======== Data

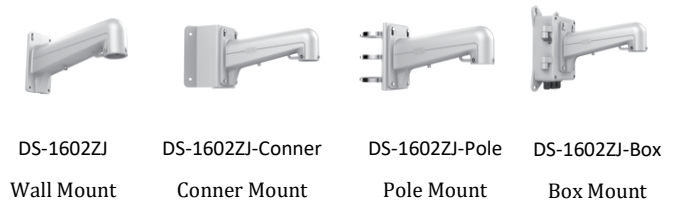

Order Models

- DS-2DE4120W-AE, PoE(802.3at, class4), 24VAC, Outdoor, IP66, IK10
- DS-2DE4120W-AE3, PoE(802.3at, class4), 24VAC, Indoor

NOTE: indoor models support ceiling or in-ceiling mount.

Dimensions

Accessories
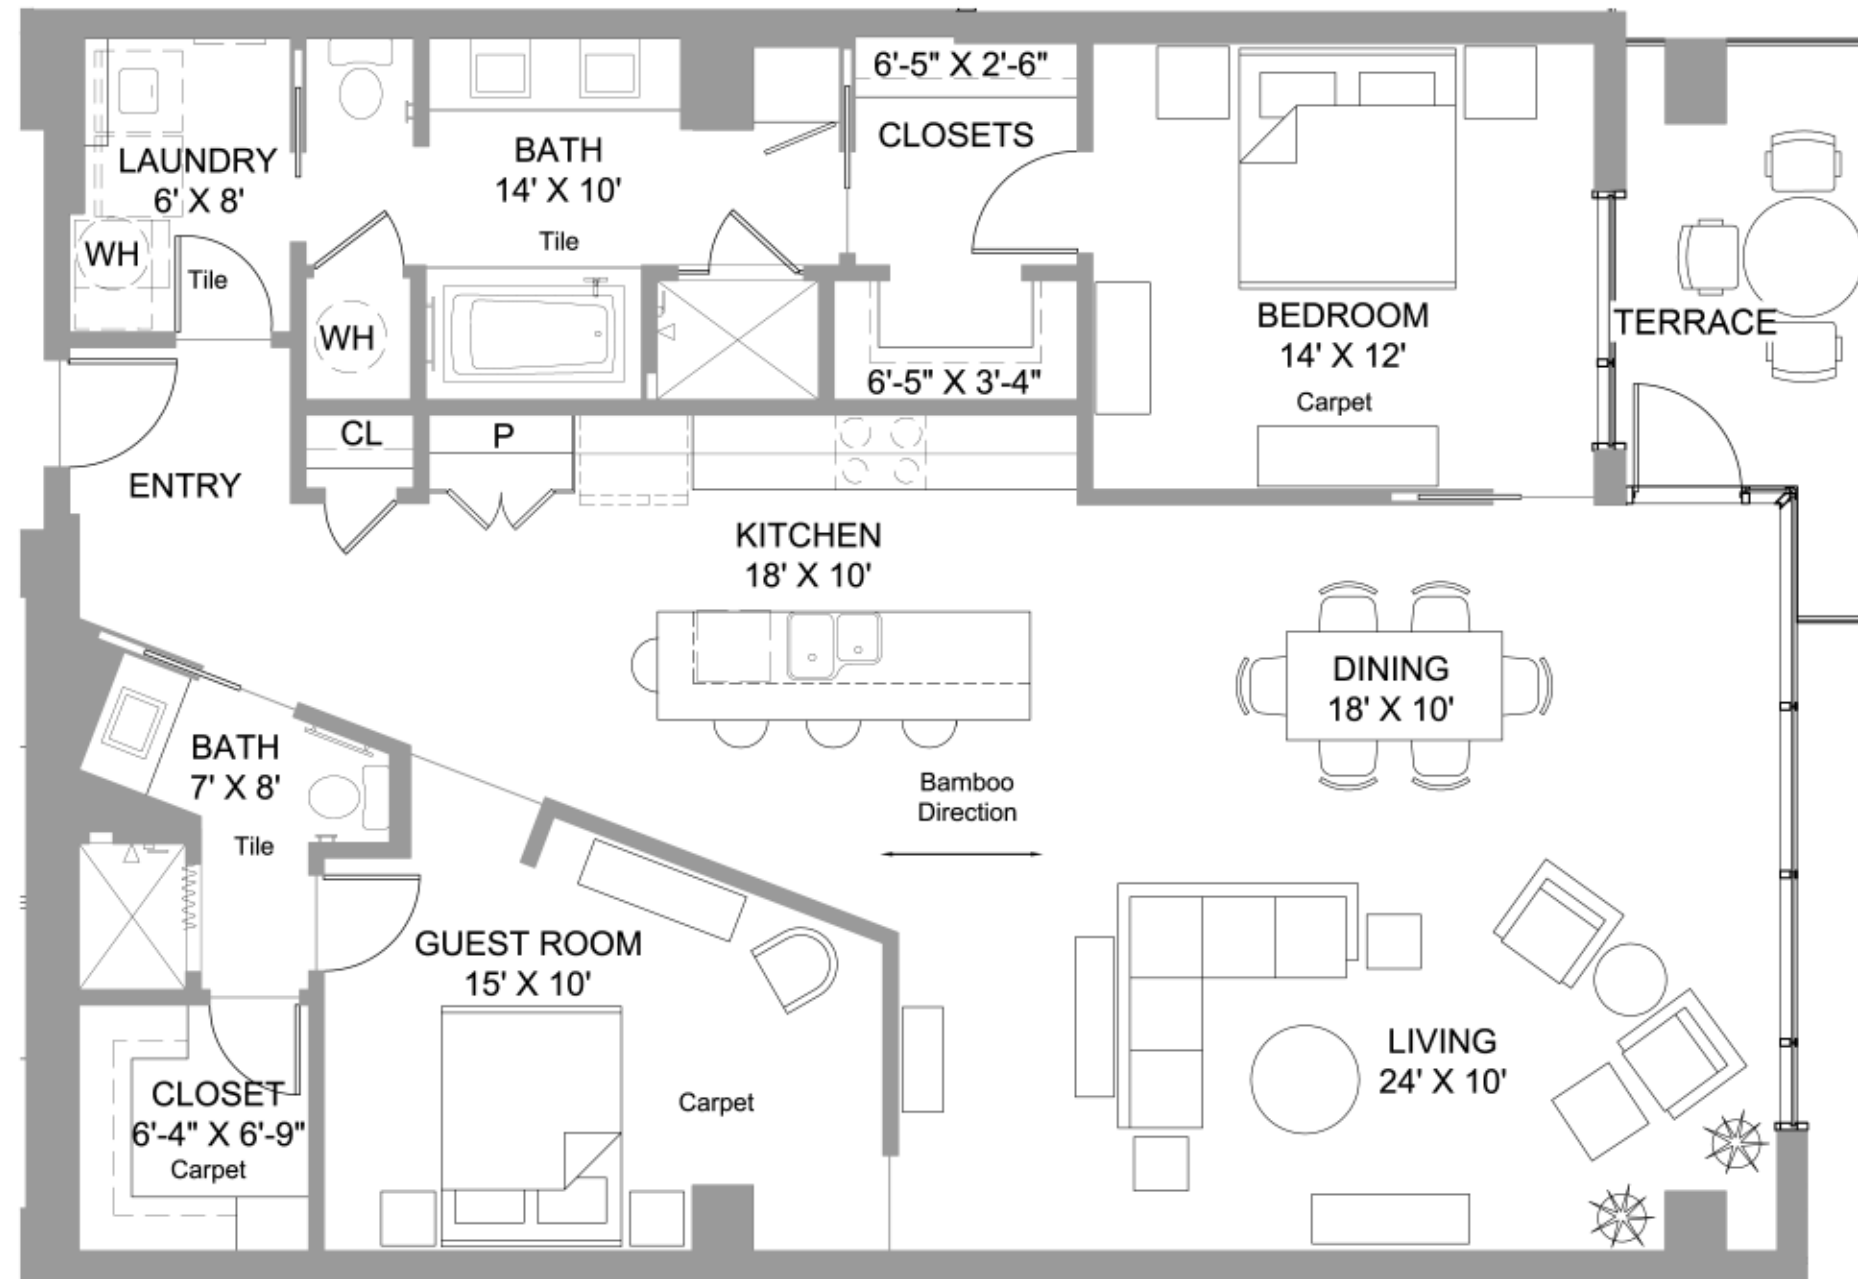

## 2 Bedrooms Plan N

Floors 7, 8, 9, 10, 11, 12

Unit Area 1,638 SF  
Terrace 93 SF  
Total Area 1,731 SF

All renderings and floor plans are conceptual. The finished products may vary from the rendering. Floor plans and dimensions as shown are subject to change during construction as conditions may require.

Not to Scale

================

Directions: Print every line from the one that contains "## 2 Bedrooms Plan N" to the end of the records, exactly as written, and nothing more.

Reply:
## 2 Bedrooms Plan N

Floors 7, 8, 9, 10, 11, 12

Unit Area 1,638 SF  
Terrace 93 SF  
Total Area 1,731 SF

All renderings and floor plans are conceptual. The finished products may vary from the rendering. Floor plans and dimensions as shown are subject to change during construction as conditions may require.

Not to Scale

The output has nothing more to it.